AI coding tools are your interns, not your replacement

By Matt Asay

“AI models currently shine at helping so-so coders get more stuff done that works in the time they have,” argues engineer David Showalter. But is that right? Showalter was responding to Santiago Valdarrama’s contention that large language models (LLMs) are untrustworthy coding assistants. Valdarrama says, “Until LLMs give us the same guarantees [as programming languages, which consistently get computers to respond to commands], they’ll be condemned to be eternal ‘cool demos,’ useless for most serious applications.” He is correct that LLMs are decidedly inconsistent in how they respond to prompts. The same prompt will yield different LLM responses. And Showalter is quite possibly incorrect: AI models may “shine” at helping average developers generate more code, but that’s not the same as generating usable code.

The trick with AI and software development is to know where the rough edges are. Many developers don’t, and they rely too much on an LLM’s output. As one HackerNews commentator puts it, “I wonder how much user faith in ChatGPT is based on examples in which the errors are not apparent ... to a certain kind of user.” To be able to use AI effectively in software development, you need sufficient experience to know when you’re getting garbage from the LLM.

No simple solutions

Even as I type this, plenty of developers will disagree. Just read through the many comments on the HackerNews thread referenced above. In general, the counterarguments boil down to “of course you can’t put complete trust in LLM output, just as you can’t completely trust code you find on Stack Overflow, your IDE, etc.”

This is true, so far as it goes. But sometimes it doesn’t go quite as far as you’d hope. For example, while it’s fair to say developers shouldn’t put absolute faith in their IDE, we can safely assume it won’t “prang your program.” And what about basic things like not screwing up Lisp brackets? ChatGPT may well get those wrong but your IDE? Not likely.

What about Stack Overflow code? Surely some developers copy and paste unthinkingly, but more likely a savvy developer would first check to see votes and comments around the code. An LLM gives no such signals. You take it on faith. Or not. As one developer suggests, it’s smart to “treat both [Stack Overflow and LLM output as] probably wrong [and likely written by an] inexperienced developer.” But even in error, such code can “at least move me in the right direction.”

Again, this requires the developer to be skilled enough to recognize that the Stack Overflow code sample or the LLM code is wrong. Or perhaps she needs to be wise enough to only use it for something like a “200-line chunk of boilerplate for something mundane like a big table in a React page.” Here, after all, “you don’t need to trust it, just test it after it’s done.”

In short, as one developer concludes, “Trust it in the same way I trust a junior developer or intern. Give it tasks that I know how to do, can confirm whether it’s done right, but I don’t want to spend time doing it. That’s the sweet spot.” The developers who get the most from AI are going to be those who are smart enough to know when it’s wrong but still somewhat beneficial.

You’re holding it wrong

Back to Datasette founder Simon Wilison’s early contention that “getting the best results out of [AI] actually takes a whole bunch of knowledge and experience” because “a lot of it comes down to intuition.” He advises experienced developers to test the limits of different LLMs to gauge their relative strengths and weaknesses and to assess how to use them effectively even when they don’t work.

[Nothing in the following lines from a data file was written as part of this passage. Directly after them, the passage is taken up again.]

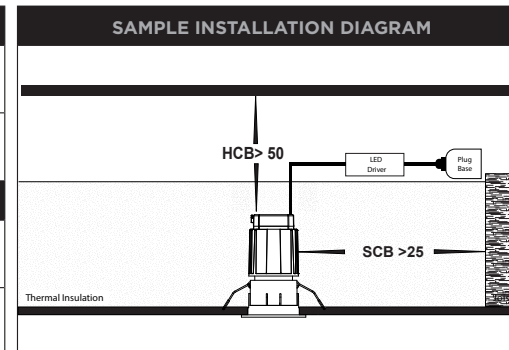

Website

PRODUCT SPECIFICATIONS	
MATERIAL	ALUMINIUM
COLOUR / FINISH	BLACK OR WHITE
INSTALLATION TYPE	CEILING - RECESSED
CUT OUT	Ø58MM
COLOUR TEMP	DIM TO WARM 1800K - 3000K
LUMENS	655LM
INPUT VOLTAGE	240V (SUPPLIED WITH FLEX & PLUG)
PROTECTION CLASS	2 (NO EARTH REQUIRED)
LAMP BASE	BUILT IN LED
MAX WATTAGE	9W
DIMMING	TRIAC OR DALI 2
CRI	90+
BEAM ANGLE	50°
IP RATING	IP44
IK RATING	IK02
LAMP EXPECTANCY	>50,000HRS*
SDCM	<3
UGR	<19
IC RATING	IC-4
DIFFUSER TYPE	PC
TILT	NO TILT
WARRANTY	5 YEARS REPLACEMENT*

PRODUCT ORDERING

ALUMINIUM BLACK						
	HCP-81228409	1800K - 3000K	655LM	DIM TO WARM 9W BUILT IN LED	TRIAC DIMMABLE	9350418095756
	HCP-81248409				DALI DIMMABLE	9350418095855
ALUMINIUM WHITE						
	HCP-81328409	1800K - 3000K	655LM	DIM TO WARM 9W BUILT IN LED	TRIAC DIMMABLE	9350418095800
	HCP-81348409				DALI DIMMABLE	9350418095909

What about more junior developers? Is there any hope for them to use AI effectively? Doug Seven, general manager of Amazon CodeWhisperer and director of software development for Amazon Q, believes so. As he told me, coding assistants such as CodeWhisperer can be helpful even for less experienced developers. “They’re able to get suggestions that help them figure out where they’re going, and they end up having to interrupt other people [e.g., to ask for help] less often.”

Perhaps the right answer is, as usual, “It depends.”

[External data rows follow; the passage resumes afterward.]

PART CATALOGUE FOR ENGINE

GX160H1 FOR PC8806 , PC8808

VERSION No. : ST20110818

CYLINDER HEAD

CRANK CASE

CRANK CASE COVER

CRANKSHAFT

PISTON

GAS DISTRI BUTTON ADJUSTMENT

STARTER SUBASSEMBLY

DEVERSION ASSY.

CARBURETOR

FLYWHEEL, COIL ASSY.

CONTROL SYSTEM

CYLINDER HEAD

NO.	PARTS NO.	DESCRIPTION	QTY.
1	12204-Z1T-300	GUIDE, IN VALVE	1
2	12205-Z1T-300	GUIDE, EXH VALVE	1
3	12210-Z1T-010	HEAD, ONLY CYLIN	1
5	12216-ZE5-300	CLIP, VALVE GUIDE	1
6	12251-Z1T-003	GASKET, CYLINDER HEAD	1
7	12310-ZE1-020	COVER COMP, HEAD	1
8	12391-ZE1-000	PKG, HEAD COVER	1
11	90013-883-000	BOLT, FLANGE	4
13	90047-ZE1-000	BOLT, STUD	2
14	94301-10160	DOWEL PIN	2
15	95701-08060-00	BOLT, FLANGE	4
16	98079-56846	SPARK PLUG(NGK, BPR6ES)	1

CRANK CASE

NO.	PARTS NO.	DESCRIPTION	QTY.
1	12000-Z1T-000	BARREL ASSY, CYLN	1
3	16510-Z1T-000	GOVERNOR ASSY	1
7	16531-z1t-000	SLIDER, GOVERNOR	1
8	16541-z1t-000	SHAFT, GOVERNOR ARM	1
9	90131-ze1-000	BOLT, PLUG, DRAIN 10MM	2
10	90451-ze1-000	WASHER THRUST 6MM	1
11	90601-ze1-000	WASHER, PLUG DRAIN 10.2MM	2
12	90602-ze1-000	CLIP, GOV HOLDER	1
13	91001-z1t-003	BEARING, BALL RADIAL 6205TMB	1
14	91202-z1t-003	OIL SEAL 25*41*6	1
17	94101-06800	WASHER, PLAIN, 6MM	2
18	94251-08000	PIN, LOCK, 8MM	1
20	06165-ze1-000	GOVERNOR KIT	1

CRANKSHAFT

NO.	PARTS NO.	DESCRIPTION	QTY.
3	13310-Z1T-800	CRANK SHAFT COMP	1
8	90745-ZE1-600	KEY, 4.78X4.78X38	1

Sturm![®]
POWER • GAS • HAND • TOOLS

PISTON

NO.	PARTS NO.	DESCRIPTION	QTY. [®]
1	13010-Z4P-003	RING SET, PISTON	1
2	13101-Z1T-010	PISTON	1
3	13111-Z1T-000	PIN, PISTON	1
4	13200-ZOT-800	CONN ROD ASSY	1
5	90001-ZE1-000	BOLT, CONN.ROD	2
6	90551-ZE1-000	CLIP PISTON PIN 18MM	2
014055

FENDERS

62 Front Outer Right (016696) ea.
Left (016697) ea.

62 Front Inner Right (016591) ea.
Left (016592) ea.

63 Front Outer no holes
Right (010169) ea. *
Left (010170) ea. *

And, importantly, the right answer to software development is generally not “write more code, faster.” Quite the opposite, as I’ve argued. The best developers spend less time writing code and more time thinking about the problems they’re trying to solve and the best way to approach them. LLMs can help here, as Willison has suggested: “ChatGPT (and GitHub Copilot) save me an enormous amount of ‘figuring things out’ time. For everything from writing a for loop in Bash to remembering how to make a cross-domain CORS request in JavaScript—I don’t need to even look things up anymore, I can just prompt it and get the right answer 80% of the time.”

Knowing where to draw the line on that “80% of the time” is, as noted, a skill that comes with experience. But the practice of using LLMs to get a general idea of how to write something in, say, Scala, can be helpful to all. As long as you keep one critical eye on the LLM’s output.